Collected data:
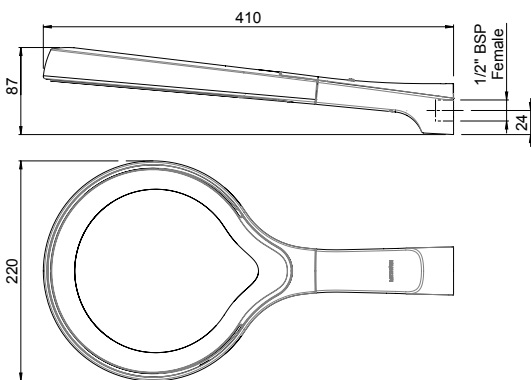

Aurajet™ AIO OVERHEAD SHOWER

Aurajet™. Our most advanced, most invigorating shower experience ever.

Stunning fans of luxuriously dense droplets deliver a highly efficient shower with 20% more spray force and twice the amount of water contact on your skin than a conventional shower*.

* Compared to a Methven Conventional Shower. Flow rate of both products at 9L per minute and tested as per AS 3602-2013 Appendix H.

CLASSIFICATION: Suitable for mains pressure only

INLET CONNECTIONS: 1/2" BSP Female

WORKING PRESSURES: 100 - 500kPa

DIMENSIONS FOR FITTING: 26mm diameter hole

OPERATING TEMPERATURE: 5 °C - 70 °C

WATER FLOW RATE: 11.0 l/min

- Water efficient
- Limescale resistant
- Ultra wide spray coverage
- Quick-fit connector for easy installation
- Available in white version
- Fitted with a 12 l/min flow restrictor
- 2 star WELS rated on mains pressure (10.5 l/min)
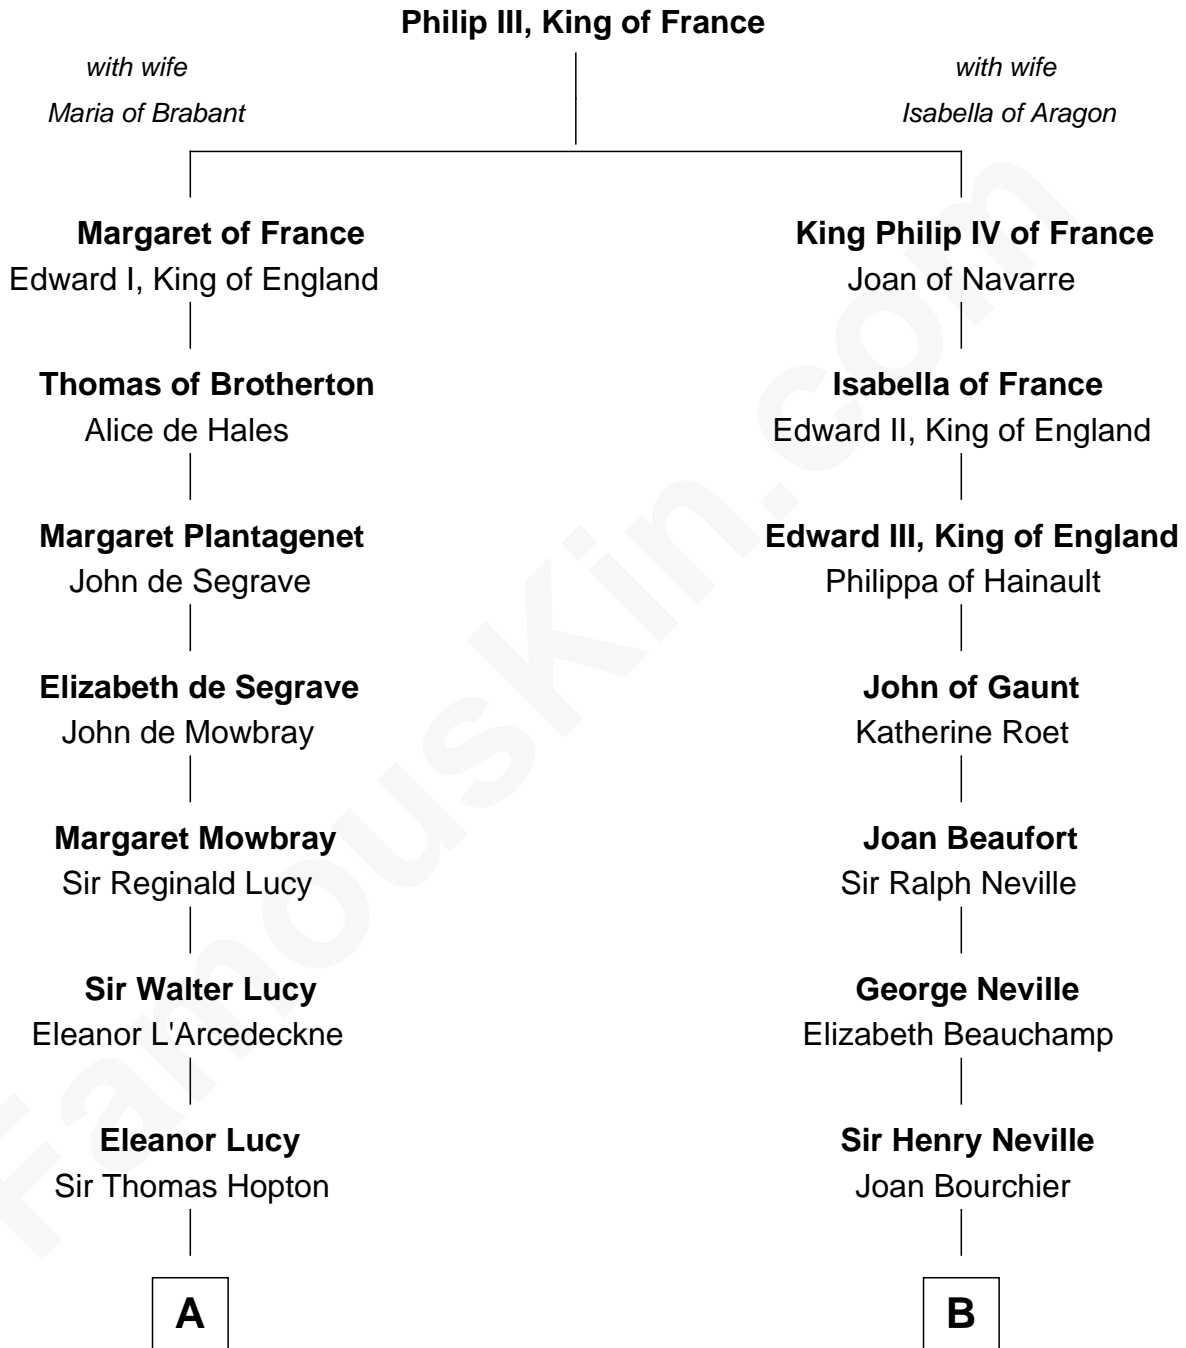

FamousKin.com Relationship Chart of

Robert Abell

(c1605 - 1663) *Great Migration Immigrant 1630*

14th cousin 7 times removed of

Randolph Scott

Movie Actor

C

—
Catherine Price Strother

Joseph Minor Crane

—
John William Crane

Margaret Ann Sadler

—
Joseph Minor Crane

Lavinia Lionberger

—
Lucy Lionberger Crane

George Grant Scott

—
Randolph Scott
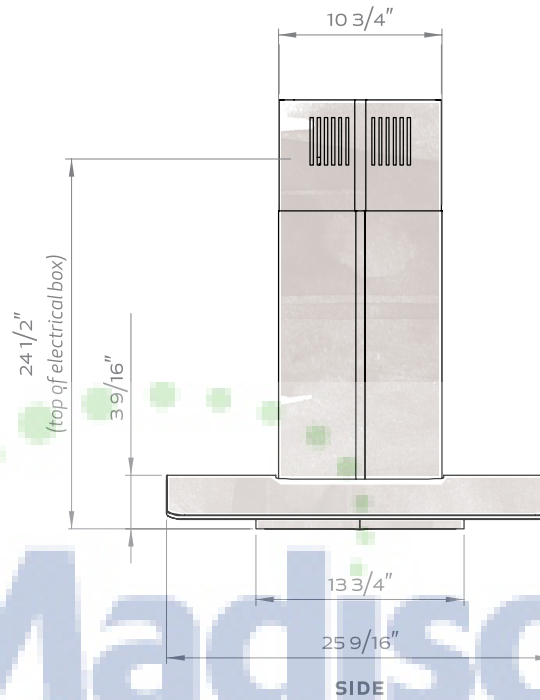

Be instantaneous!

Brisas BML island

Brisas BML can be installed in as little as 20 minutes. Designed with our unique 3-three step installation system, Brisas BML breaks the arduous task of installing the entire range hood into 3 easy steps. We've even added an installation template to help you align your ceiling marks without the guesswork. One look at the classic European design and gentle clear-glass curved canopy will have you sold. Love at first sight? Yes. It's possible.

FEATURES OF HIGH QUALITY

- Available in 36"
- Available with 600-cfm or 290-cfm internally installed motor
- Stainless steel 3-speed mechanical controls
- Sturdy stainless steel construction
- Durable, washable 5-ply aluminum mesh filters
- Optional recirculation kit
- Standard telescopic duct covers up to 9' ceilings
- Optional duct cover extensions for up to 12' ceilings
- Designed for 6-inch vertical ducted installations

Aj Madison
Your Appliance Authority™
800-570-3355

brisas

Brisas BML island

BML-E36AG / BML-E36AG290

SIZE	36"
NET WIDTH	35-3/16"
PERFORMANCE	
Blower CFM, Max.	600 / 290
Sones, Max.	6 / 2.8
COLOR	
Stainless Steel	SS + Glass
FEATURES	
Controls	Mechanical Push Button
Speed Levels	3
Delay Off	No
Lighting	Halogen, 50W x2
Dual Level Lighting	No
Filters	Aluminum Mesh
Recirculating Option	Yes
Extension Duct Cover Option	Yes, Up to 12' Ceiling
DUCT SPECIFICATIONS	
Internal Blower - Vertical	6" round
Internal Blower - Horizontal	NA
AC INPUT	120V - 60Hz
AC POWER	400W, 3.5A / 170W, 1.5A
OPTIONAL ACCESSORIES	
Recirculating Kit	BRC-0004
Extension Duct Cover	BIC-00ML
MOUNTING HEIGHT*	26" - 34"
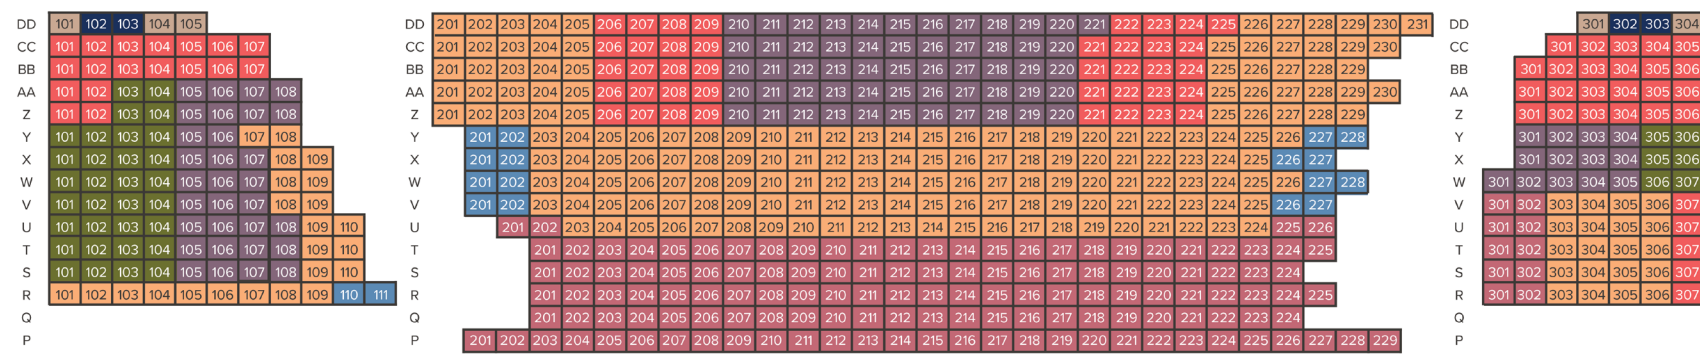

PURDUE FORT WAYNE MUSIC CENTER auer performance hall

legend

	SINGLE TICKET	MW8	MW6	POPS	
 	PLATINUM	MW \$88/PO \$99	\$554	\$426	\$479
 	TITANIUM	MW \$73/PO \$83	\$461	\$354	\$402
 	GOLD	MW \$55/PO \$64	\$367	\$282	\$325
 	SILVER	MW \$48/PO \$51	\$305	\$234	\$248
 	BRONZE	MW \$33/PO \$37	\$211	\$162	\$181
 	FAN	MW \$23/PO \$25	\$149	\$114	\$114
 	WHEELCHAIR	MW \$33/PO \$37	\$211	\$162	\$181
 	WHEELCHAIR COMPANION	MW \$33/PO \$37	\$211	\$162	\$181

STAGE
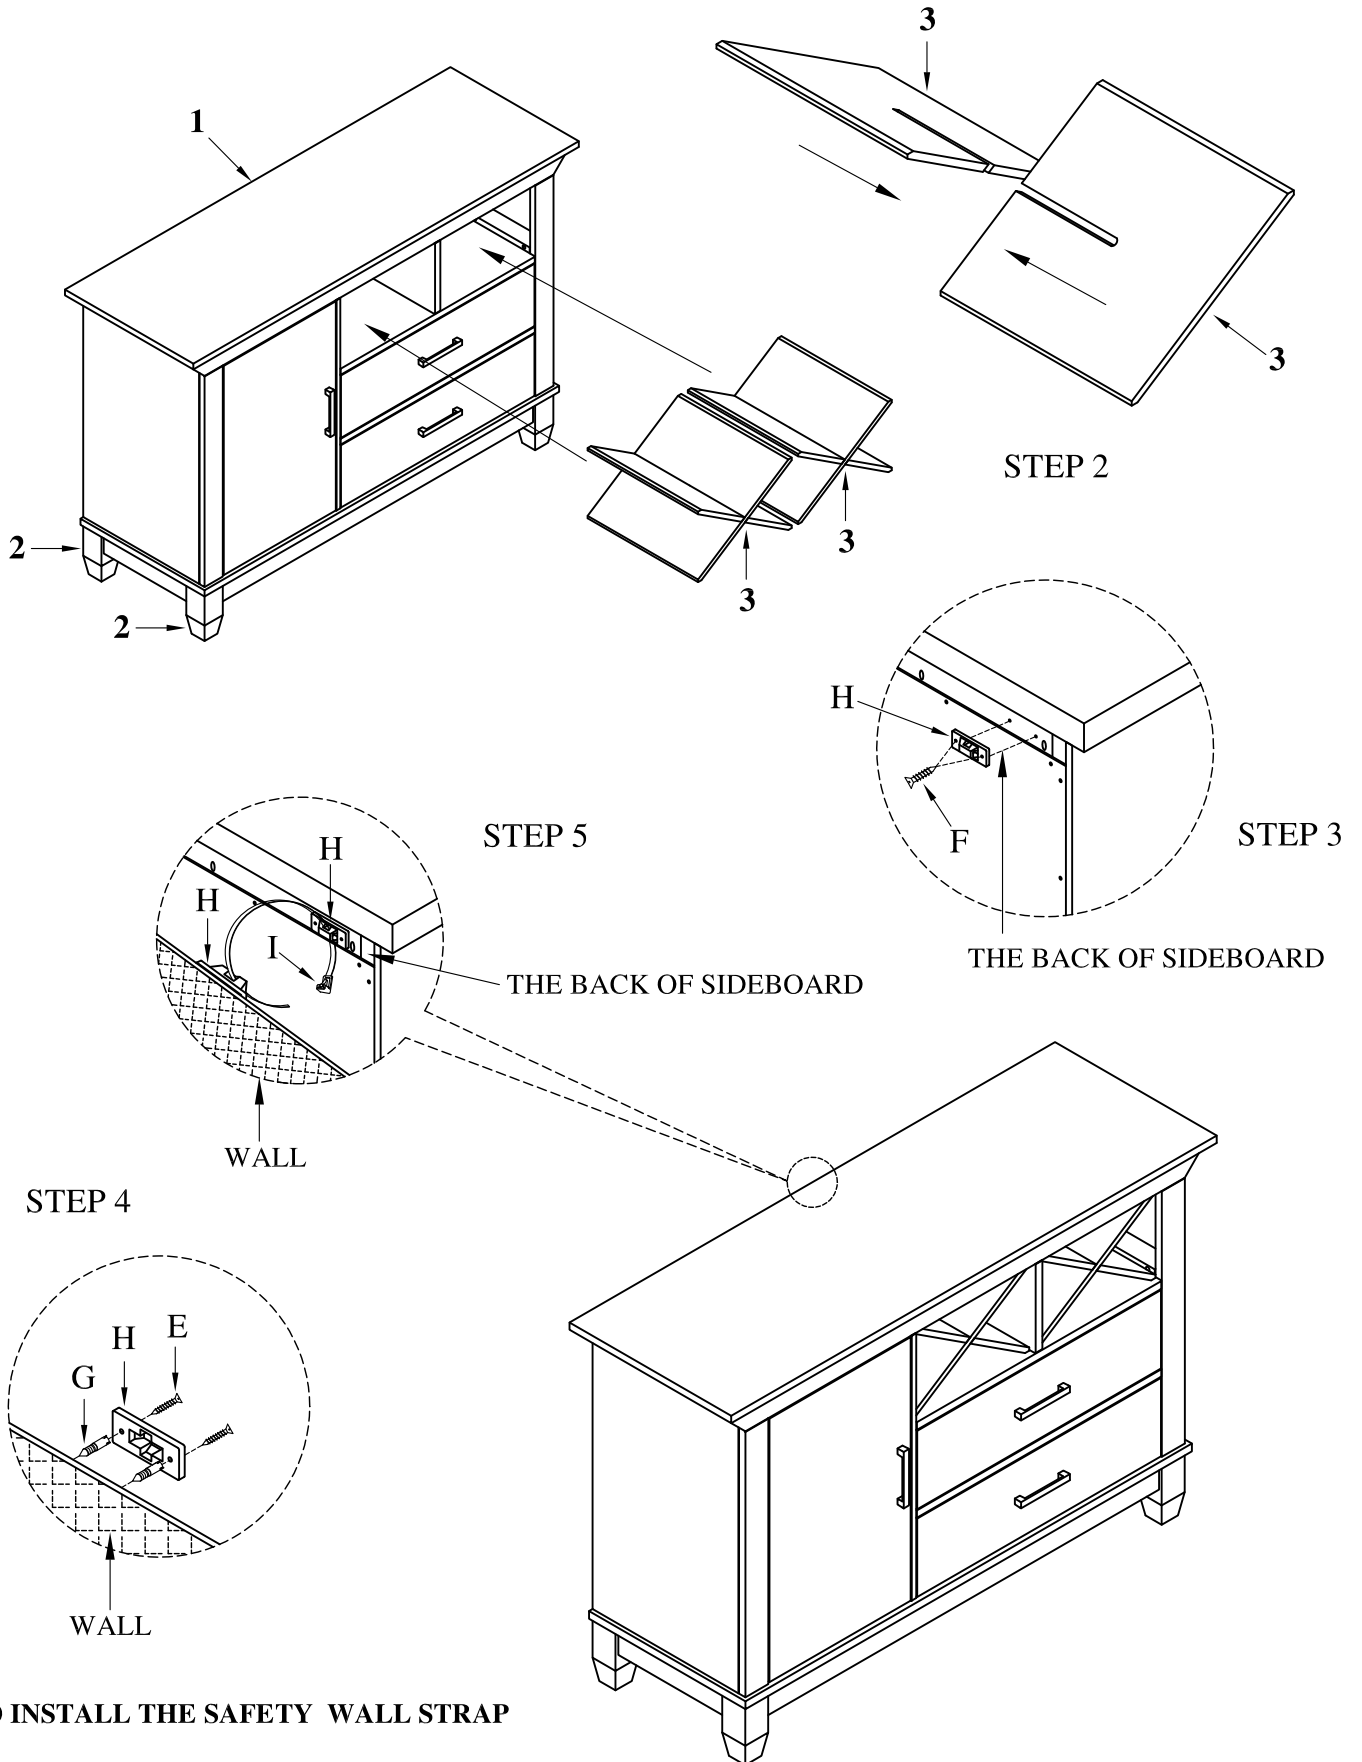

ITEM : 152-SB5436

DESCRIPTION: SIDEBOARD

Thank you for purchasing this quality product. Be sure to check all packing material carefully for small parts which may have come loose inside the carton during shipment. Identify and count all parts and compare with the parts list below.

PARTS LIST			
NO.	DESCRIPTION	DRAWING	Q'TY
1	Sideboard		1 pc
2	Legs		4 pcs
3	Wine shelf		4 pcs

HARDWARE LIST			
NO.	DESCRIPTION	DRAWING	Q'TY
A	Flat Washer Ø5/16"x Ø19mm		8 pcs
B	Lock Washer Ø5/16"x Ø12mm		8 pcs
C	Bolt Ø5/16" x 2-1/2"		8 pcs
D	Allen key 1/8" x 2-1/4"		1 pc
E	Screw Ø1/4" x Ø1/8" x 1"		2 pcs
F	Screw Ø1/4" x Ø1/8" x 3/4"		2 pcs
G	Wall Mounts Ø3/8" x 1-1/8"		2 pcs
H	Mounting Plates 1-7/8" x 7/8" x 3/8"		2 pcs
I	Secure Band 12-1/4" x 1/2" x 3/8"		1 pc

STEP 1

CLEANING INSTRUCTION

Clean the SIDEBOARD surface with a furniture polish and a soft cloth.

MADE IN VIETNAM

DRAWER REMOVAL GUIDANCE

To remove drawer, simultaneously pull tab up on one side and push down on the other and remove drawer.
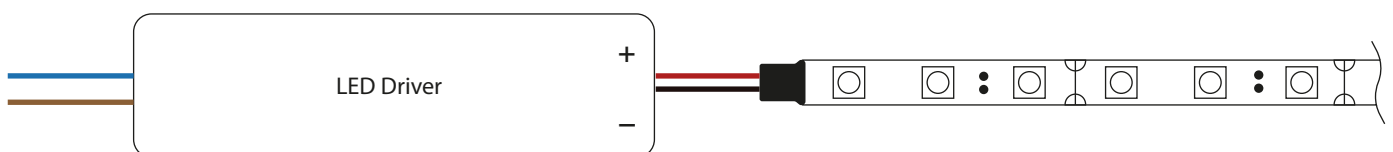

MIRRORSTONE

Data Sheet

Spectric Single Colour LED Strip Lights (30 x 5050 SMD, 7.2W, 510 Lumens)

Introducing Spectric

The brand new Spectric line of LED strip lights will massively improve your lighting experience. These strip lights bring more vivid lighting, with a greater lumens to energy expenditure ratio than ever before. The life expectancy has been increased, with a whopping 50,000 hours of usage delivering a versatile light every single time.

Wiring Example

Specifications

Available IP Rating	IP20/IP65/IP67/IP68 Nano
Brand	Mirrorstone
Chip	5050
LEDs per Metre	30
Lumens	510LM
Power	7.2W
Equivalent Wattage	60W
Input Voltage	12v DC
Width (mm)	10
Length(mm)	1000
Height (mm)	2
Life Hours	50,000
Beam Angle	120°
Dimmable	Dimmable
Available Colours	Warm White (2700K), Warm White (3000K), Cool White (6000K), Red, Green, Blue, Purple, Orange
Certification	CE, RoHS
Warranty	5 Years*
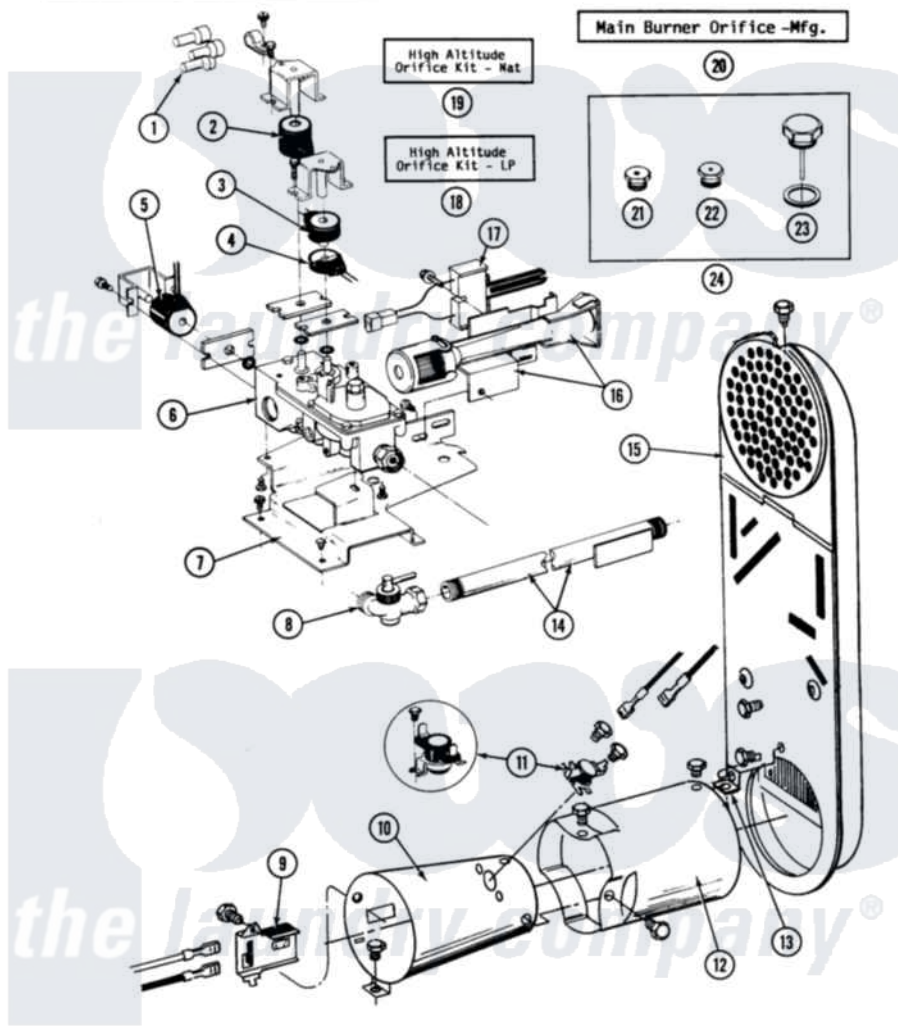

Maytag GDG27CD 01 - INLET DUCT, GAS VALVE, CONE & EXTENSION

SECTION: INLET DUCT, GAS VALVE, COMBUSTION CONE & EXTENSION
 MODEL: DE-D627CD

Issue Date: 8/90

20

Maytag [Commercial Maytag GDG27CD Dryer Parts](#) Parts Diagram 01 - INLET DUCT, GAS VALVE, CONE & EXTENSION

[Click on the part number to view part](#)

Item	Original Part Number	Replaced By	Status	Part Description
001	311546	911445		Wire Connector
002	305603			Secondary Coil
003	305604			Holding Coil
004	305605			Booster Coil
005	Y304626			Side Coil
006	NLA		Not Available	SCREW, HEX HD No.8 X 3/8 INCH
"	Y303777	W10116794		Gas Valve
007	312929			Gas Valve Bracket
"	Y313561			Screw---NA
"	Y310632	1163839		Screw
008	Y303349			Angle Shut-Off, Gas Valve
009	211294	90767		Screw, 8A X 3/8 HeX Washer Head Tapping
"	Y303377	338906		Radiant, Sensor
010	211294	90767		Screw, 8A X 3/8 HeX Washer Head Tapping

"	Y303368		Cone, Combustion
"	Y308548		Combustion Cone Assembly
011	211294	90767	Screw, 8A X 3/8 HeX Washer Head Tapping
"	305169		Thermostat, Hi-Limit Gas
012	Y303841		Cone, Extension
013	211294	90767	Screw, 8A X 3/8 HeX Washer Head Tapping
"	Y312890		Retainer, Heater Chamber
014	Y303383	33001735	Pipe And Bracket Assembly Series 18 Not Needed Use Vavle
015	211294	90767	Screw, 8A X 3/8 HeX Washer Head Tapping
"	307119		Duct, Inlet Assembly
016	304974	33002793	Burner Assembly
"	Y310632	1163839	Screw
017	304970	4391996	Ignitor
"	304971		Screw Note: Screw, Igniter
018	NLA	Not Available	ORIFICE KIT, LP (HIGH ALT.)
019	NLA	Not Available	ORIFICE KIT, NAT (HIGH ALT.)
020	NLA	Not Available	MAIN BURNER ORIFICE (MFG)
021	NLA	Not Available	MAIN BURNER ORIFICE - LPG
022	NLA	Not Available	INTERNAL ORIFICE - LPG
023	NLA	Not Available	SCREW ASSM - BLUE BLOCK OPE
024	Y303779		Conversion Kit

■ Task to complete: From the line that has "Shut-Off, Gas Valve" through the line that has "BURNER ORIFICE (MFG)", copy every line exactly as it appears above, and leave out all others.

■ Task response:
008	Y303349			Angle Shut-Off, Gas Valve
009	211294	90767		Screw, 8A X 3/8 HeX Washer Head Tapping
"	Y303377	338906		Radiant, Sensor
010	211294	90767		Screw, 8A X 3/8 HeX Washer Head Tapping

"	Y303368		Cone, Combustion
"	Y308548		Combustion Cone Assembly
011	211294	90767	Screw, 8A X 3/8 HeX Washer Head Tapping
"	305169		Thermostat, Hi-Limit Gas
012	Y303841		Cone, Extension
013	211294	90767	Screw, 8A X 3/8 HeX Washer Head Tapping
"	Y312890		Retainer, Heater Chamber
014	Y303383	33001735	Pipe And Bracket Assembly Series 18 Not Needed Use Vavle
015	211294	90767	Screw, 8A X 3/8 HeX Washer Head Tapping
"	307119		Duct, Inlet Assembly
016	304974	33002793	Burner Assembly
"	Y310632	1163839	Screw
017	304970	4391996	Ignitor
"	304971		Screw Note: Screw, Igniter
018	NLA	Not Available	ORIFICE KIT, LP (HIGH ALT.)
019	NLA	Not Available	ORIFICE KIT, NAT (HIGH ALT.)
020	NLA	Not Available	MAIN BURNER ORIFICE (MFG)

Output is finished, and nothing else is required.